それよりもはるかによくある問題は、まったく悪気がないにもかかわらず、知らず知らずのうちに部下の妨害をしてしまう上司だ。これはさまざまな形をとるが、特によく見られるタイプの妨害のひとつが、締め切りに関する非現実的な予測だ。

リーダーの(ほとんどとは言わないまでも)多くは、キャリアをスタートさせたときには最前線の社員だった。彼らは、同僚よりも速く適切に仕事をこなす能力のおかげで、社員としての役割をうまく果たし、その報酬として管理職を手に入れた。この力学を理解することが重要だ。というのも、管理職にいる人の多くは、最前線の社員時代に自分が達成した高い基準をもとに、現在の部下をひそかに評価しているからだ。

たとえば、平社員だったときに1日でリポートを完成させていたマネージャーを想像してみてほしい。マネージャーになったいまは、同じリポートの作成期間として、部下に3日を与えるように言われている。意識しているかどうかはともかく、少なからぬ数のマネージャーは、自分がその3分の1の時間で完成させてきたことを根拠に、3日も与えるのはちょっと馬鹿げていると考えるだろう。

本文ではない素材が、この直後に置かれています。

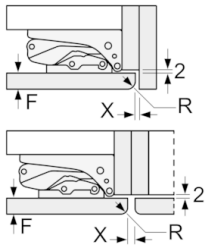

Teknisk informasjon

- Høyrehengslet dør, kan hengsles om

Serie | 4, Integrert kombiskap, 177.2 x 54.1 cm

KIV87VF30

Mål i mm
Anbefalte spaltemål for flathengsel

F	R	X
16-19	0-3	2,5
20	0-1	3
	2-3	2,5
21	0-1	3
	2-3	2,5
22	0	4
	1	3,5
	2-3	3

Overhold de anbefalte spaltemålene i tabellen for å sikre at døren kan åpnes uten å skubbe borti skapet ved siden av. Dermed unngår du skader på kjøkkenskapet.

Angitte møbeldørmål gjelder for en dørfuge på 4 mm.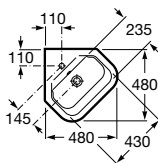

Lavatório angular

Aplicação	I (sifão)
Mural	530
Semicoluna	570
Coluna	

Lavatório com jogo de fixação

480 x 480 x 140 mm
Ref. A32747R000
Branco
73,00 €
Peças por palete: 16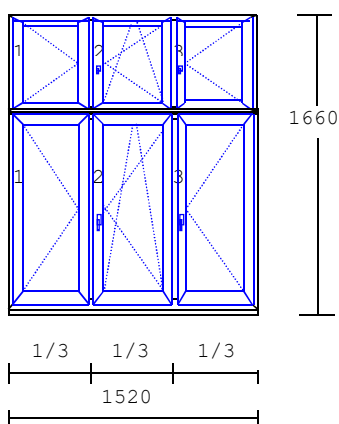

51 1 ks

Profil Salamander Streamline 76 - oblý

Barva: INT: Bílá / EXT: Bílá

Rozměr: 2070 Šířka

1650 Výška

Cena s DPH 1 500 Kč

FIX v křídle
sklodělicí sloupek

55 1 ks

Profil EkoSun 7

Barva: INT: Bílá / EXT: Tmavý dub

Rozměr: 1520 Šířka

1660 Výška

Cena s DPH 2 000 Kč

56 3 ks

Profil Salamander Streamline 76 - oblý

Barva: INT: Bílá / EXT: Bílá

1日でリポートを完成させる野心や能力を誰もが持っているわけではないことは、たしかに彼らも理解している。しかし、1日あれば完成できるという自分の経験があるときに、それに基づく判断を下さないようにするのは難しい。

このことは、どのように部下を妨害するのだろうか? 部下が自分の基準を満たせないと上司が判断したら、自分が平社員時代に与えられたものと同じキャリア上のチャンスや指導、昇進をその部下に与える可能性は低くなる。たしかに、これは無意識的な妨害ではあるが、それでも、部下の進歩にとって有害であることに変わりはない。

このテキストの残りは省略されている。